(DATASET EXTRACT begins)

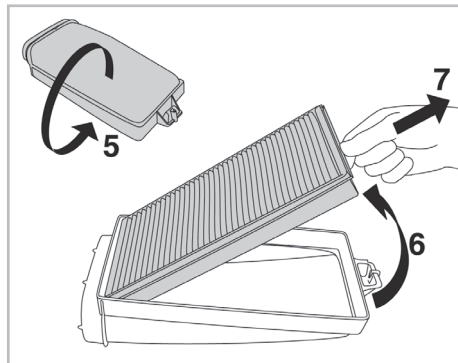

PROTECT

combined with active carbon

FOR
BMW

SERIES 7 (E65) A/C+ (11/01 >)

698857

FH905

CA

WANT TO KNOW MORE?
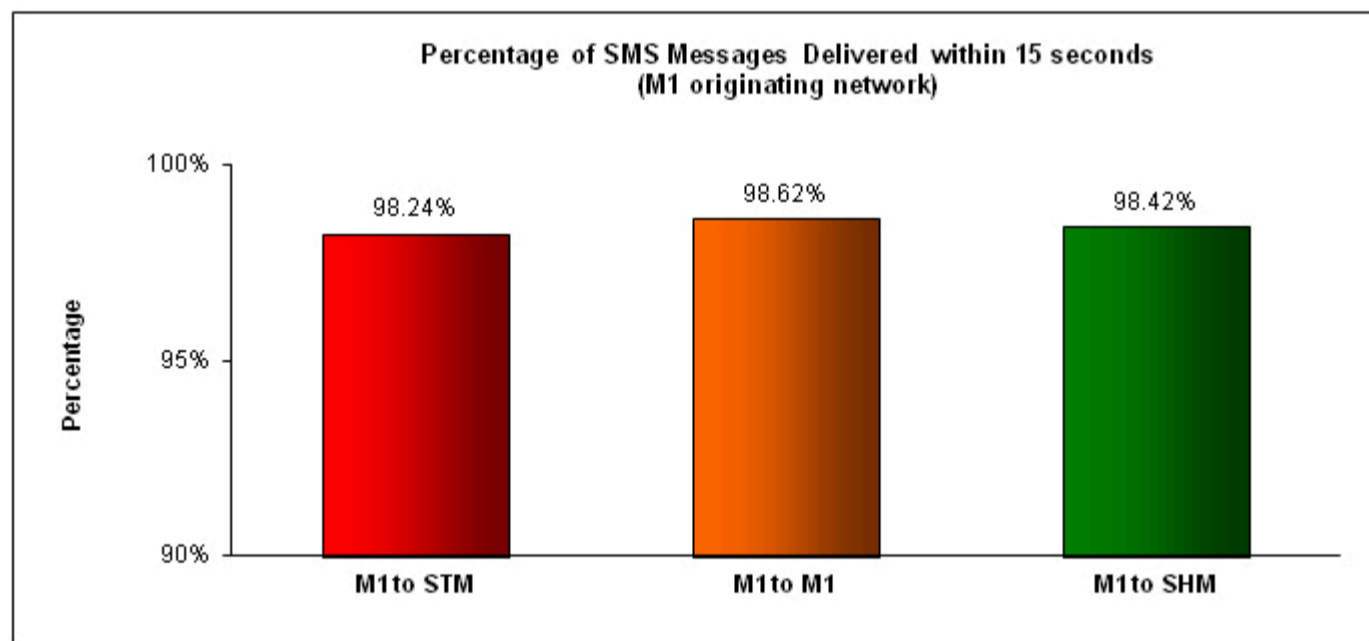

## Percentage of SMS Messages Delivered within 15 seconds

(a) SingTel Mobile ("STM") (originating network)

(b) M1 (originating network)

(c) StarHub Mobile ("SHM") (originating network)

## Percentage of SMS Messages Delivered within 12 hours

(a) SingTel Mobile (originating network)

(b) M1 (originating network)

(c) StarHub Mobile (originating network)

\* The total sample size of test is 35,904 SMS messages.

(DATASET EXTRACT ends)

Reply with exactly the lines from the one containing "(a) SingTel Mobile (originating network)" to the last line of the material, inclusive, and with nothing more.

## ANSWER SECTION
(a) SingTel Mobile (originating network)

(b) M1 (originating network)

(c) StarHub Mobile (originating network)

\* The total sample size of test is 35,904 SMS messages.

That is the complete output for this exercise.